(Data provided)

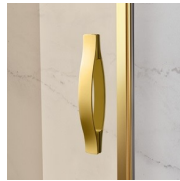

# MAMPARA DE DUCHA CLÁSICA MADE IN ITALY

GLK / GOLD

DÓNDE COMPRAR

© Copyright 2025 Vismaravetro srl

Cabina de ducha walk-in en estilo clásico para platos de ducha en ángulo, formada por un cristal fijo en forma de arco en el lado superior colocado como una pared divisoria.

Gold representa un proyecto de mampara de ducha clásica y prestigiosa, dotada de contenidos técnicos y de materiales de calidad superior, enriquecida con detalles estéticos de lujo que recuerdan la tradición cultural italiana. Una colección de cabina de ducha que expresa un estilo clásico y de gran elegancia, que al mismo tiempo refleja una sabia capacidad de diseño y de producción. El oro es el símbolo del lujo, de la belleza complaciente, de la majestad soberana. Con la Serie Gold queremos celebrar la maravilla de la belleza italiana en el mundo.

## DIMENSIONES

L: Min 78 - Max 180 cm  
H: Min 180 - Max 205 cm  
H standard: 195 cm

PLUS

---

ACCESORIOS REFINADOS

Terminales dorados, manetas con cristales de Swarovski incrustrados, agarraderos toalleros... muchos son los accesorios con los que se puede enriquecer y personalizar las cabinas de ducha de la serie Gold. También los paneles de cristal pueden ser embellecidos con formas arqueadas o decoraciones especiales.

## ELEMENTOS DE FINALIZACIÓN

LA BARRA DE SUJECIÓN K

POMOS Y MANETAS M2R  
STANDARD

ELEMENTOS DECORATIVOS  
TDG

PORTA TOALLA PSG

POMOS Y MANETAS QMA

LA BARRA DE SUJECIÓN  
PST GOLD

---
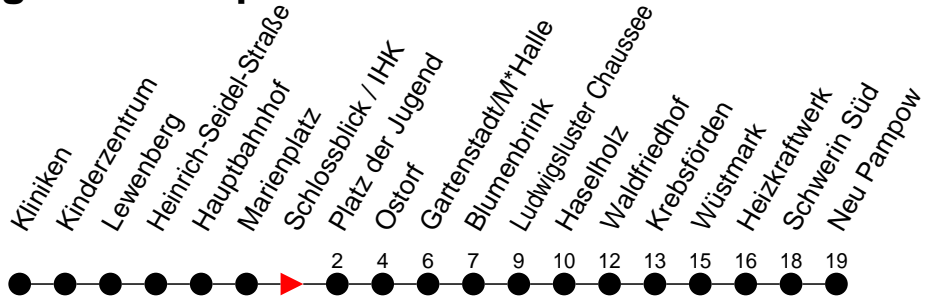

## Richtung: Neu Pampow

Haltestellen  
Fahrzeit in Min.

- ◇ - verkehrt NICHT am 31. Dezember
- ◆ - verkehrt nur am 31. Dezember
- † - verkehrt nur am Totensonntag
- H - Zug verkehrt nur bis Haselholz

(End Data provided)

→ What the task requires
Among the records above, which lines hold the word "POMOS"? Copy each one.

→ Exercise answer
POMOS Y MANETAS M2R  
POMOS Y MANETAS QMA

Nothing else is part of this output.